Within the records below, how many lines hold the word "Watt"? Only the number should be returned.
SOURCE RECORDS section start
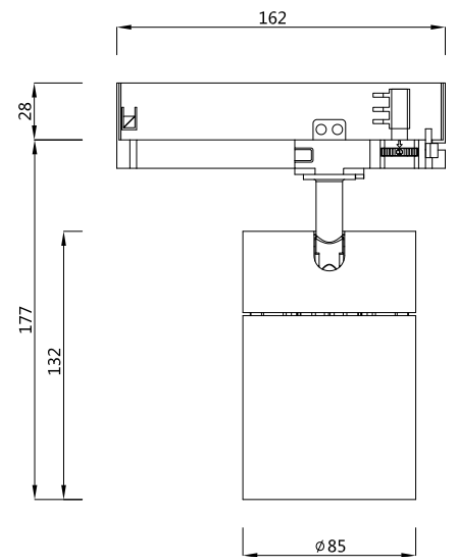

ALTRACK

LED Track Light

Product information

Product number:	ALT85 - 35
Track System:	3 wire, 4 wire
Input Voltage (v):	220-240V
Dimming:	On/Off
Light source:	COB LED
luminaire Lifetime:	50.000h (L80-B10, Ta25°C)
Rotation Angle (degree):	350
Tilting Angle (degree):	90
IP Rating:	20
Working Temperature (°C)	-5 ~ +30
Storage Temperature (°C)	-20 ~ +50
Material:	Aluminium
Fitting Colors:	9016 Sandy White / 9017 Sandy Black

Packaging information

N.W. lamp (Kg):	0.78
G.W. Carton (Kg):	15
Master carton dimensions(mm):	430x430x390
Quantity per carton :	16

Honeycomb L01 Oval diffuser L02 Diffuser L03 Anti-glare ring L04

Beam	Watt	CRI	Luminous	CCT	Code
21	35W	90	3432.8 lm	4000K	ALT85S-4NC35G40-S
			3238.5 lm	3000K	ALT85S-4NC35G30-S
			3011.8 lm	2700K	ALT85S-4NC35G27-S
26	35W	90	3379.3 lm	4000K	ALT85S-4NC35G40-M
			3188.0 lm	3000K	ALT85S-4NC35G30-M
			2964.8 lm	2700K	ALT85S-4NC35G27-M
36	35W	90	3354.4 lm	4000K	ALT85S-4NC35G40-F
			3164.5 lm	3000K	ALT85S-4NC35G30-F
			2943.0 lm	2700K	ALT85S-4NC35G27-F
45	35W	90	3229.7 lm	4000K	ALT85S-4NC35G40-W
			3046.9 lm	3000K	ALT85S-4NC35G30-W
			2833.6 lm	2700K	ALT85S-4NC35G27-WF
36x59	35W	90	3254.9 lm	4000K	ALT85S-4NC35G40-O
			3070.7 lm	3000K	ALT85S-4NC35G30-O
			2855.8 lm	2700K	ALT85S-4NC35G27-O

① ② ③ ④ ⑤ ⑥ ⑦ ⑧ ⑨ ⑩ ⑪

Code composition: ALT 85 S - 4 N C 35 G30 - S - B - L01

① Product series	② Model	③ App types	④ Track style	⑤ Dimming type	⑥ COB type	⑦ Watt	⑧ LED Kelvin & CRI	⑨ Optical angle	⑩ Finishes	⑪ Accessories
ALT	85	S Spotlight	6 wires	N No dimming	C COB	35W	H27 2700 >95 S	Spot	White	L01 Honeycomb
			4 wires	T Triac dimming			G30 3000 >90 M	Medium	Black	L02 Oval diffuser
			3 wires	D DALI dimming			E40 4000 >80 F	Flood		L03 Diffuser
			2 wires	K Knob dimming			C50 5000 >70 WF	Wide Flood		L04 Anti-glare ring
				C CASAMBI dimming				O Oval
SOURCE RECORDS section end
**RESULT BELOW:**
2